Health Economics

Paper Session

Saturday, Jan. 7, 2017 1:00 PM – 3:00 PM

Hyatt Regency Chicago, Atlanta
Hosted By: American Economic Association
  • Chair: Sanjeev Kumar, Yale University

Do Kidney Exchanges Improve Patient Outcomes? An Analysis of Crowd-Out, Graft Survival, and Match Quality

Keith Teltser
,
University of Louisville

Abstract

Addressing the increasingly unmet demand for transplantable kidneys in the U.S. requires creativity due to legislation that prohibits buying and selling organs. In order to increase the number of successful transplants that take place, economists, computer scientists, and transplant professionals have begun collaborating to implement kidney exchange programs where patients can “swap” their willing but incompatible living donors. In this paper, I first estimate the number of additional transplants generated by kidney exchanges by analyzing how the probability of receiving an exchange transplant affects the probability that a patient experiences other transplant outcomes, including death while waiting. To do this, I create a novel measure of exchange prevalence that exploits variation in exchange activity across time and transplant centers, as well as the importance of patient proximity to centers performing exchanges. I find that 6.2 of every 10 exchange transplants represent living donor transplants that would not have occurred in the absence of exchange. Using the same approach, I find a small negative but insignificant effect on tissue type match quality. However, I also find that a ten percentage point increase in the probability of receiving an exchange transplant has a small but statistically significant positive effect on graft survival, and reduces waiting time by almost 2 months (10 percent). Back-of-the-envelope calculations based on these findings and prior research suggest that, on average, every 10 exchange transplants reduce health care costs by $715,000 to $1.15 million and increase net social welfare by $2.8 to $6.8 million.

Does Health Influence Risk Preference?

Sanjeev Kumar
,
Yale University

Abstract

In this paper, we investigate whether self-assessed health (SAH) status—a measure of health stock—influences the risk preference of an individual. Using the National Longitudinal Study of Adolescent Health (Add Health), we estimate that better health during adolescence is associated with more willingness to take risks when people are around age 30. Moreover, the experience of a reduction in their health stock between adolescence and young adulthood is even more strongly associated with willingness to take risk later in their lives—a finding that provides a novel pathway through which individual’s loss aversion gets operationalized. These findings are robust to regression specifications—linear probability and generalized ordered logistic regression models—as well as to the inclusion of exogenous personal characteristics, such as age, gender, height, and race—variables that are shown to be related to both health and various measures of risk in the existing literature. We further investigate the robustness of the main findings through the inclusion of school fixed effects, parental background, religiosity, income, education, cognitive ability. Controlling for these covariates allows us to explore the existence of a direct, independent relationship between health and risk preference. Our findings remained robust even after including two heritable measures of personality—neuroticism and conscientiousness—that could have bearing on both health and risk preference. This is the first paper that has uncovered a long-term association of health with risk-taking. These findings are quite pertinent in building a better understanding of the processes that govern deepening of the market mechanism and the processes leading to policy formation. If similar findings hold for older populations, then it potentially establishes a link between health and the future of financial markets and the pace of change in policy regimes.

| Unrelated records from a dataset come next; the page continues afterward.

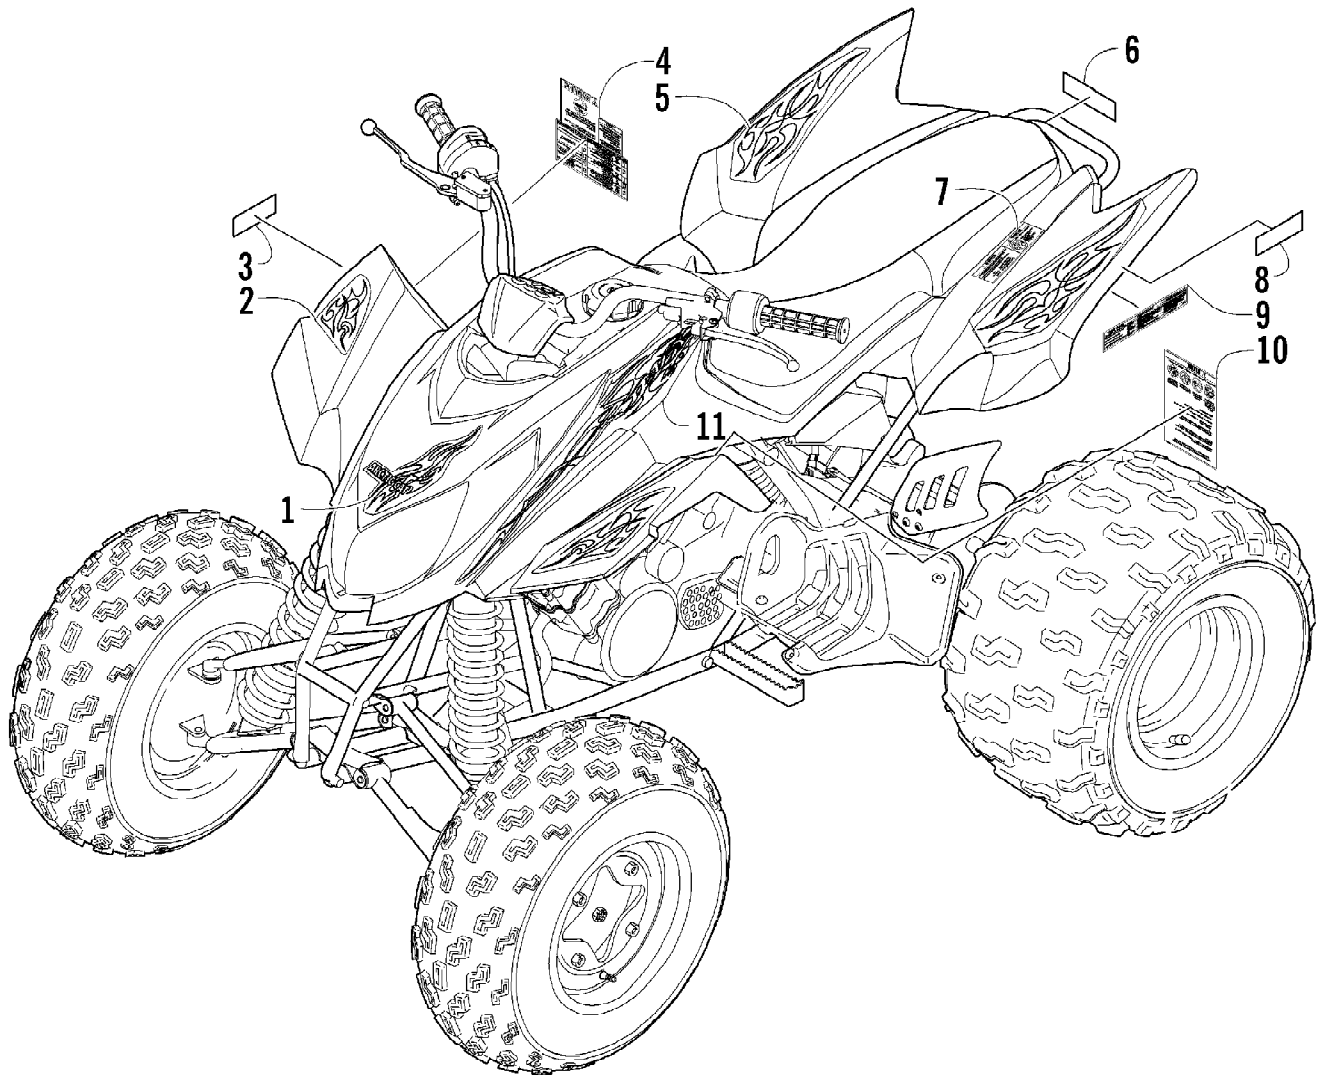

2004 400 DVX BLACK-RED (A2004DVI2AUSD)
DECALS

Page 33 of 105

Ref #	Part Number	Qty	S/P/F	Description
1	0411-694	1		Decal, Graphic - Front
2	0411-684	1		Decal, Graphic - Front Fender - Right
2	0411-685	1		Decal, Graphic - Front Fender - Left
3	0411-744	1		Reflector, Front - Amber - Right
3	0411-745	1		Reflector, Front - Amber - Left
4	0411-759	1		Decal, Warning - Pre Ride
5	0411-682	1		Decal, Graphic - Rear Fender - Right
5	0411-683	1		Decal, Graphic - Rear Fender - Left
6	0411-762	1		Decal, "Arctic Cat"
7	0411-696	1		Decal, Warning - Tire Pressure/Passenger
8	0411-746	1		Reflector, Rear - Red - Right
8	0411-747	1		Reflector, Rear - Red - Left
9	0411-697	1		Decal, CA Emissions
10	0411-218	1		Decal, Warning - General
11	0411-692	1		Decal, Graphic - Side - Right
11	0411-693	1		Decal, Graphic - Side - Left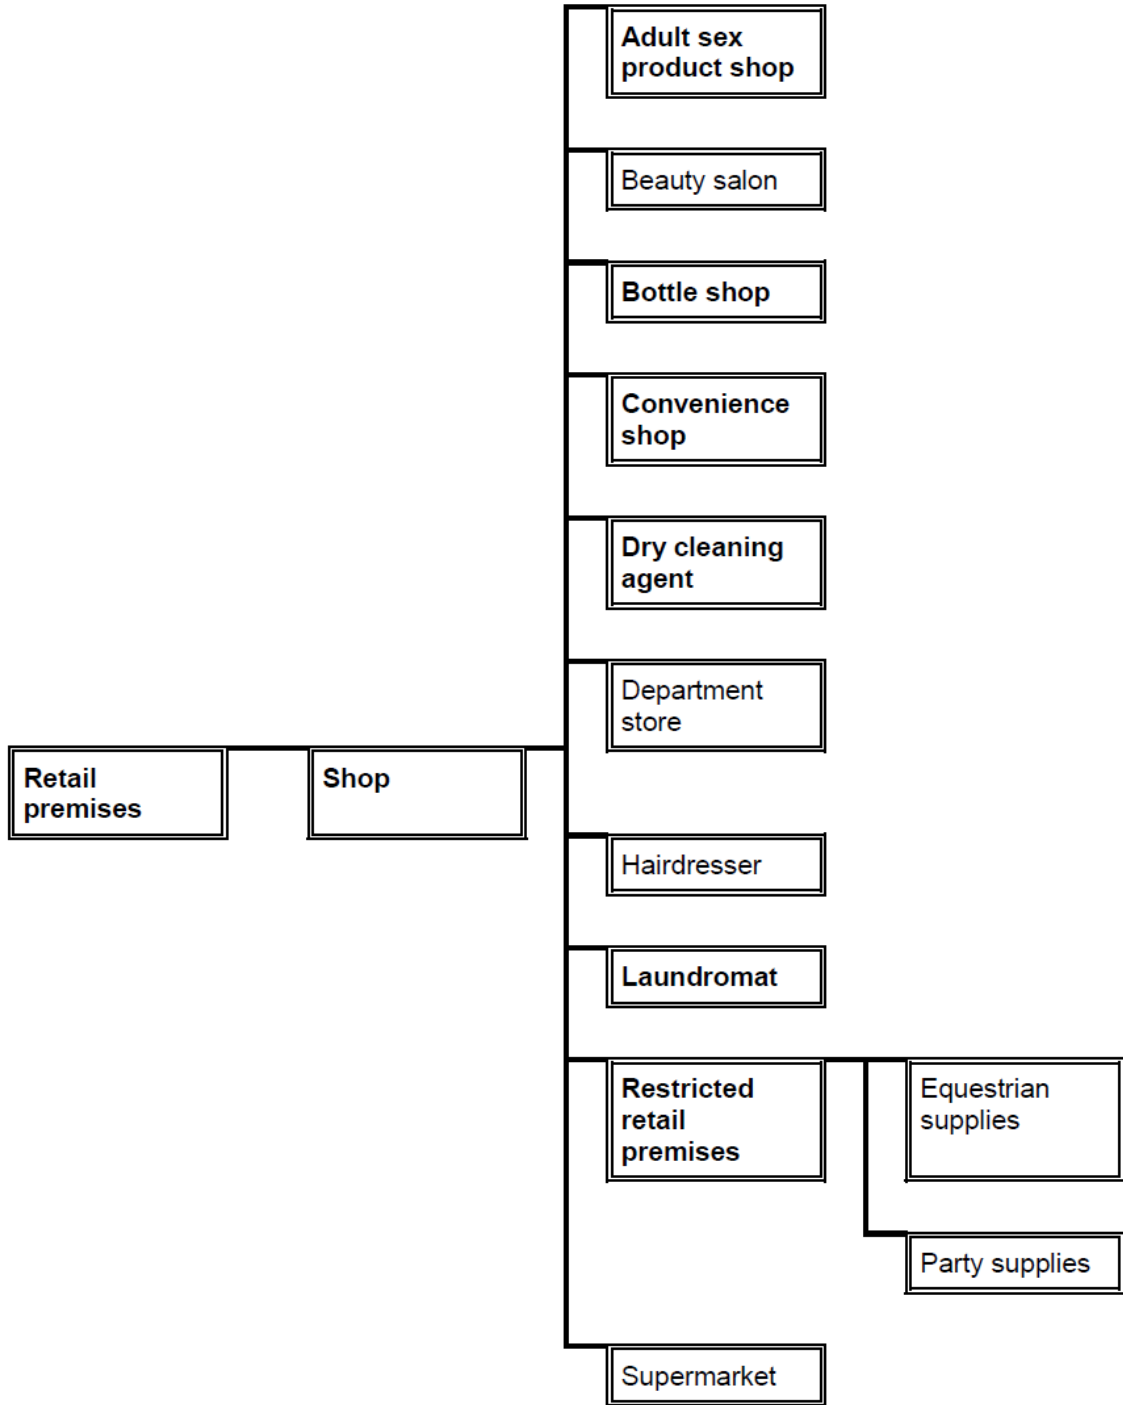

73.04-11

Retail premises group

16/08/2019
VC163

73.04-12

08/08/2019
VC159

Retail premises group (sub-group of Shop)

73.04-13

08/08/2019
VC159

The Pros and Cons of Sick Pay Schemes: Testing for Contagious Presenteeism and Shirking Behavior

Nicolas Robert Ziebarth
,
Cornell University
Stefan Pichler
,
ETH Zurich

Abstract

This paper proposes a test for the existence and degree of contagious presenteeism and negative externalities in sickness insurance schemes. First, we theoretically decompose moral hazard into shirking and contagious presenteeism behavior and derive testable conditions. Then, we implement the test exploiting German sick pay reforms and administrative industry-level data on certified sick leave by diagnoses. The labor supply adjustment for contagious diseases is significantly smaller than for noncontagious diseases. Lastly, using Google Flu data and the staggered implementation of U.S. sick leave reforms, we show that flu rates decrease after employees gain access to paid sick leave.